To this end, AJ Bell has increased exposure to short-duration gilts, US Treasuries and TIPS across risk profiles one, two and three – the three lowest-risk mandates. Indeed, risk profile one now has 18% exposure to sterling and sterling-hedged cash and bonds.

Additionally, analysts at AJ Bell highlighted, due to this move away from long-duration bonds, cash has become increasingly attractive for cautious investors. As a result, allocation towards cash rose by 2-7% across the model portfolios.

 

Fund moves

AJ Bell has changed some of its holdings in both the active and passive model portfolio’s this year.  Perhaps most notable was the inclusion of the iShares S&P 500 Equal Weight ETF, which has been added to the passive portfolios to give a broader exposure to US companies following concerns about concentration risk in the US last year.

Flintoff said: “We feel it is prudent to start thinking about managing that concentration risk in the US specifically, rather than relying on broad geographic diversification to do all the heavy lifting.”

Two synthetic ETFs have also been introduced to the passive portfolios—the Amundi MSCI China ETF and its cousin strategy, the Amundi MSCI Emerging Markets ex-China ETF. Analysts at AJ Bell explained that physical ETFs often take on exposures outside of their intended asset class, whereas synthetics benefit from better collateral control and reduced costs.

In the active range, there were also changes. For the US portfolio, active managers have generally struggled to outperform the US market. As a result, the actively managed JPM US Equity Income fund was replaced by the passive SPDR S&P 500 ETF.
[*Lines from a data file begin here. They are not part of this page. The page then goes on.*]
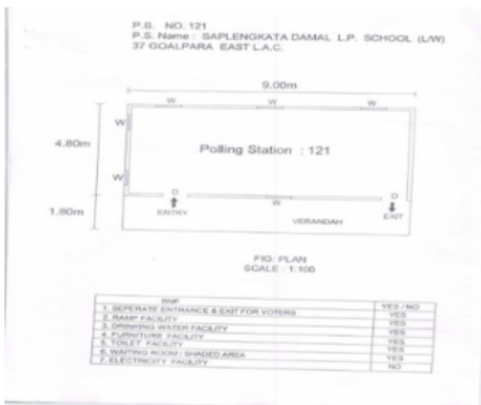

নিৰ্বাচক পঞ্জীয়ন বিষয়াৰ স্বাক্ষৰ

Nazri Naksha

Google Map View

Polling Station Building Front View

ভোটগ্ৰহন কেন্দ্ৰৰ সন্মুখৰ দৃশ্য

Cad View

Key MAP View

1 নাম : আহেকা খাতুন স্বামীৰ নাম: সন্দেৰ্শ আলী ঘৰ নং : 1 বয়স : 70 লিঙ্গ : মহিলা	BYK7734578 ফটো উপলব্ধ	2 নাম : আলম সেখ পিতাৰ নাম: সন্দেৰ্শ আলী ঘৰ নং : 1 বয়স : 47 লিঙ্গ : পুৰুষ	BYK7734589 ফটো উপলব্ধ	3 নাম : মমিৰন নেছা স্বামীৰ নাম: আলম শেখ ঘৰ নং : 1 বয়স : 39 লিঙ্গ : মহিলা	BYK7742849 ফটো উপলব্ধ
4 নাম : শুকুৰ আলী পিতাৰ নাম: সন্দেৰ্শ আলী ঘৰ নং : 1 বয়স : 36 লিঙ্গ : পুৰুষ	BYK1874335 ফটো উপলব্ধ	5 নাম : আন্না খাতুন স্বামীৰ নাম: মৰেন আলী ঘৰ নং : 1 বয়স : 30 লিঙ্গ : মহিলা	BYK0001297 ফটো উপলব্ধ	6 নাম : ছালেহা খাতুন স্বামীৰ নাম: শুকুৰ আলী ঘৰ নং : 1 বয়স : 29 লিঙ্গ : মহিলা	BYK0238444 ফটো উপলব্ধ
7 নাম : মোমীৰন নেছা পিতাৰ নাম: সোন্ডেশ আলী ঘৰ নং : 1 বয়স : 27 লিঙ্গ : মহিলা	BYK1535624 ফটো উপলব্ধ	8 নাম : মান্নাফ আলী পিতাৰ নাম: আলম শেখ ঘৰ নং : 1 বয়স : 25 লিঙ্গ : পুৰুষ	BYK0572131 ফটো উপলব্ধ	9 নাম : লাল ভানু স্বামীৰ নাম: নয়মুদ্দিন মণ্ডল ঘৰ নং : 2 বয়স : 70 লিঙ্গ : মহিলা	BYK7734603 ফটো উপলব্ধ
10 নাম : চানমিয়া মণ্ডল পিতাৰ নাম: নয়মুদ্দিন মণ্ডল ঘৰ নং : 2 বয়স : 44 লিঙ্গ : পুৰুষ	BYK7734625 ফটো উপলব্ধ	11 নাম : কুনচুন বিবি স্বামীৰ নাম: চানমিয়া মণ্ডল ঘৰ নং : 2 বয়স : 36 লিঙ্গ : মহিলা	BYK7734647 ফটো উপলব্ধ	12 নাম : আন্না খাতুন পিতাৰ নাম: নয়মুদ্দিন মণ্ডল ঘৰ নং : 2 বয়স : 35 লিঙ্গ : মহিলা	BYK7734658 ফটো উপলব্ধ
13 নাম : মিয়া চান আলী পিতাৰ নাম: আকবৰ আলী ঘৰ নং : 3 বয়স : 45 লিঙ্গ : পুৰুষ	BYK1874299 ফটো উপলব্ধ	14 নাম : খালিদা খাতুন স্বামীৰ নাম: মিয়াচান আলী ঘৰ নং : 3 বয়স : 28 লিঙ্গ : মহিলা	BYK0306878 ফটো উপলব্ধ	15 নাম : বাছেৰ আলী পিতাৰ নাম: কিনু শেখ ঘৰ নং : 8 বয়স : 46 লিঙ্গ : পুৰুষ	BYK0571356 ফটো উপলব্ধ
16 নাম : মমিৰন বেগম স্বামীৰ নাম: বাসেৰ আলী ঘৰ নং : 8 বয়স : 34 লিঙ্গ : মহিলা	BYK0571810 ফটো উপলব্ধ	17 নাম : অচিত আলী আহমেদ পিতাৰ নাম: বাছেৰ আলী আহমেদ ঘৰ নং : 4 বয়স : 20 লিঙ্গ : পুৰুষ	SNO0039859 ফটো উপলব্ধ	18 নাম : নাছিৰা খাতুন পিতাৰ নাম: লালমিয়া মণ্ডল ঘৰ নং : 8 বয়স : 21 লিঙ্গ : মহিলা	BYK2014504 ফটো উপলব্ধ
19 নাম : লাল মিয়া মন্ডল পিতাৰ নাম: নয়মুদ্দিন মণ্ডল ঘৰ নং : 5 বয়স : 48 লিঙ্গ : পুৰুষ	BYK7734614 ফটো উপলব্ধ	20 নাম : অমলা খাতুন স্বামীৰ নাম: লালমিয়া মণ্ডল ঘৰ নং : 5 বয়স : 42 লিঙ্গ : মহিলা	BYK7734636 ফটো উপলব্ধ	21 নাম : মুঞ্জমল হক পিতাৰ নাম: লাল মিয়া মন্ডল ঘৰ নং : 5 বয়স : 20 লিঙ্গ : পুৰুষ	SNO0053983 ফটো উপলব্ধ
22 নাম : নৰ হক পিতাৰ নাম: নেমুদ্দিন মণ্ডল ঘৰ নং : 05 পাট নং 121 বয়স : 31 লিঙ্গ : পুৰুষ	BYK7743295 ফটো উপলব্ধ	23 নাম : শাহনাজ খাতুন স্বামীৰ নাম: নৰ হক ঘৰ নং : 05 পাট নং 121 বয়স : 26 লিঙ্গ : মহিলা	BYK0558304 ফটো উপলব্ধ	24 নাম : ছফিউৰ বহমান পিতাৰ নাম: মতুজ আলী ঘৰ নং : 6 বয়স : 64 লিঙ্গ : পুৰুষ	HNT3540929 ফটো উপলব্ধ
25 নাম : আজিৰণ নেছা স্বামীৰ নাম: ছফিউৰ বহমান ঘৰ নং : 6 বয়স : 59 লিঙ্গ : মহিলা	HNT3540930 ফটো উপলব্ধ	26 নাম : নজমল হক পিতাৰ নাম: ছফিউৰ বহমান ঘৰ নং : 6 বয়স : 29 লিঙ্গ : পুৰুষ	HNT0486340 ফটো উপলব্ধ	27 নাম : বাছিৰন নেছা স্বামীৰ নাম: নাজমুল ঘৰ নং : 6 বয়স : 27 লিঙ্গ : মহিলা	BYK2001303 ফটো উপলব্ধ
28 নাম : আমবিয়া খাতুন পিতাৰ নাম: ছফিউৰ বহমান ঘৰ নং : 6 বয়স : 22 লিঙ্গ : মহিলা	BYK2001311 ফটো উপলব্ধ	29 নাম : কাজিমুদ্দিন পিতাৰ নাম: ছফিউৰ বহমান ঘৰ নং : 6 বয়স : 22 লিঙ্গ : পুৰুষ	BYK2001337 ফটো উপলব্ধ	30 নাম : মজিৰণ নেছা বেওৰা স্বামীৰ নাম: মোগোল ছছেইন ঘৰ নং : 7 বয়স : 67 লিঙ্গ : মহিলা	HNT3439756 ফটো উপলব্ধ
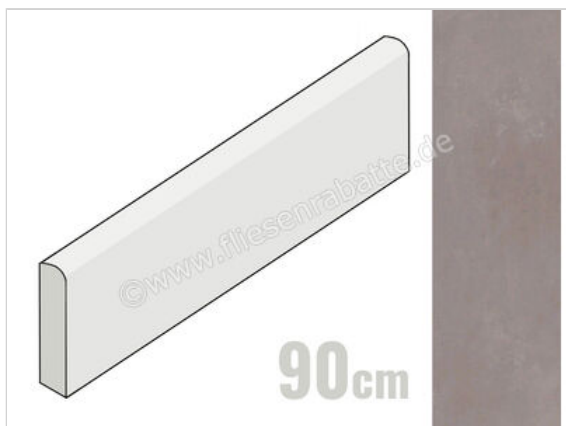

Imola Ceramica Azuma Dark Grey DG 6x90 cm Sockel Matt Eben Naturale

15,95 €/Stück

Paketinhalt 7 Stück (7 Stück)

Artikelnummer	AZMA BT90DG
Hersteller	Imola Ceramica
Serie	Azuma
Farbe	Dark Grey DG
Nennmaß	6x90cm
Nennmass Stärke	1 cm
Art	Sockel
Material	Feinsteinzeug
Oberflächenhaptik	Eben
Oberflächenfinish	Naturale
Oberflächenoptik	Matt
Rutschhemmung	R10
Rutschhemmung Barfuß	A
Frostbeständig	Ja
Rektifiziert	Ja
Farbspiel	V2
EAN Nummer	8027920705312
Gewicht	1,3 KG/Stück
Stück pro Paket	7
Stück pro Palette	784
Sortierung	1
Bestell-/Lieferzeit	Bestellzeit 15-20 Werktage, Versandzeit 5-7 Werktage
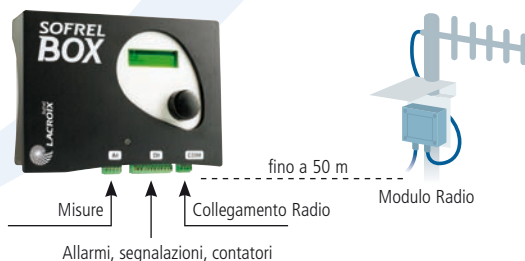

Softec
LACROIX

Via Tagliolini, 108 - Settore D10 - 16152 Genova

Tel.: +39-010.601911 - Fax: +39-010.60191216

E-mail: lacroix-softec@sofrel.com - Web: www.lacroix-softec.it
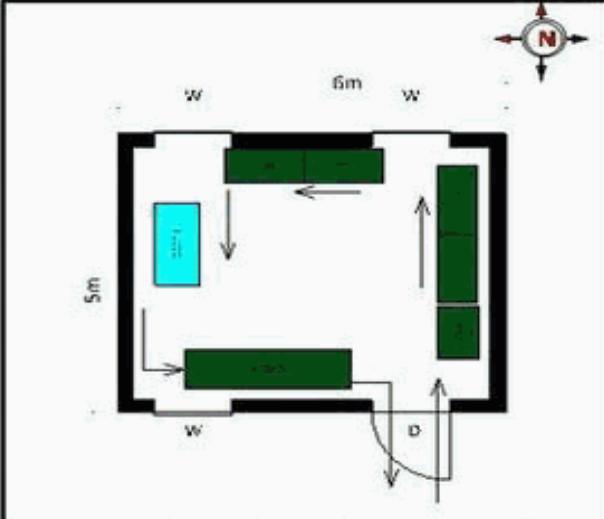

KRISHNAGIRI DISTRICT- கிருஷ்ணகிரி மாவட்டம்
056-THALLI ASSEMBLY CONSTITUENCY – தலி சட்டமன்ற தொகுதி
215Panchayat Union Primary School , Kelamangalam(Urdu) 635 113
215பஞ்சாயத்து ஒன்றிய நடுநிலைப் பள்ளி, கெலமங்கலம்(உருது)

MINIMUM BASIC FACILITY (Panchayat)	WATER	RAMP	PLUG POINT	TOILET	BENCH CASE
	✓	✓	✓	✓	✗

In terms of European exposure, AJ Bell added Lightman European fund. Due to this strategy’s value tilt, it was balanced with the growth-focused BlackRock European Dynamic strategy.

Invesco Emerging Markets ex-China fund has been added to AJ Bell’s emerging markets allocations. The Amundi Emerging Markets ETF will be used to balance the underweight to India in the Invesco strategy. Elsewhere, the FSAA All China fund has struggled to scale and has been replaced by the Franklin Templeton MSCI China ETF.

Lastly, in the most risky model portfolio the firm runs, AJ Bell has upped its exposure to Japan to 9% following the inclusion of FE Fundinfo Alpha Manager Carl Vine’s M&G Japan fund.